Interference with Determination of Complete Response
- EMPLICITI is a humanized IgG kappa monoclonal antibody that can be detected on both the serum protein electrophoresis and immunofixation assays used for the clinical monitoring of endogenous M-protein. This interference can impact the determination of complete response and possibly relapse from complete response in patients with IgG kappa myeloma protein.
Pregnancy/Females and Males of Reproductive Potential
- There are no studies with EMPLICITI with pregnant women to inform any drug associated risks.

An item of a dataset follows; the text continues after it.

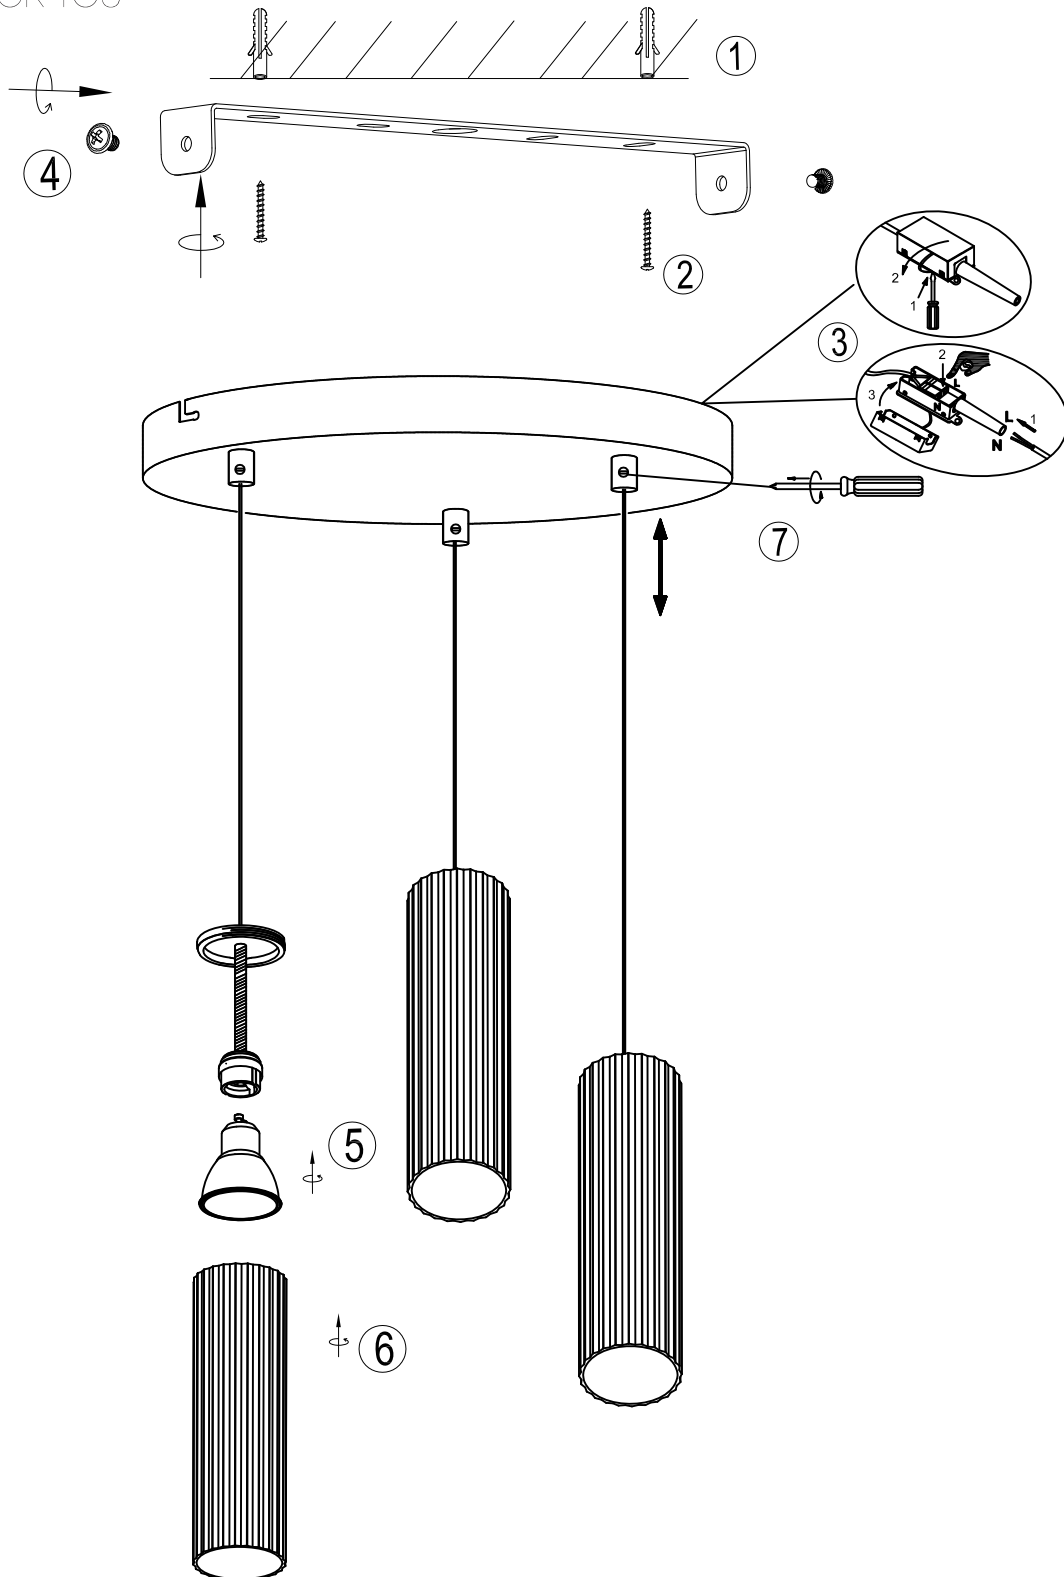

(SR) UPOZORENJE!

Prije početka montaže, pažljivo pročitajte sigurnosne upute!

(UK) ПОПЕРЕДЖЕННЯ!

Перед розбиранням, будь ласка, уважно прочитайте інструкції з техніки безпеки!

230V~ 50Hz, 3 x GU10 max.10W

- There is a risk of fetal harm, including severe life-threatening human birth defects associated with lenalidomide and it is contraindicated for use in pregnancy. Refer to the lenalidomide full prescribing information for requirements regarding contraception and the prohibitions against blood and/or sperm donation due to presence and transmission in blood and/or semen and for additional information.
Adverse Reactions
- Infusion reactions were reported in approximately 10% of patients treated with EMPLICITI with lenalidomide and dexamethasone. All reports of infusion reaction were Grade 3 or lower. Grade 3 infusion reactions occurred in 1% of patients.
- Serious adverse reactions were 65.4% (ERd) and 56.5% (Rd). The most frequent serious adverse reactions in the ERd arm compared to the Rd arm were: pneumonia (15.4%, 11%), pyrexia (6.9%, 4.7%), respiratory tract infection (3.1%, 1.3%), anemia (2.8%, 1.9%), pulmonary embolism (3.1%, 2.5%), and acute renal failure (2.5%, 1.9%).
- The most common adverse reactions in ERd and Rd, respectively (>20%) were fatigue (61.6%, 51.7%), diarrhea (46.9%, 36.0%), pyrexia (37.4%, 24.6%), constipation (35.5%, 27.1%), cough (34.3%, 18.9%), peripheral neuropathy (26.7%, 20.8%), nasopharyngitis (24.5%, 19.2%), upper respiratory tract infection (22.6%, 17.4%), decreased appetite (20.8%, 12.6%), and pneumonia (20.1%, 14.2%).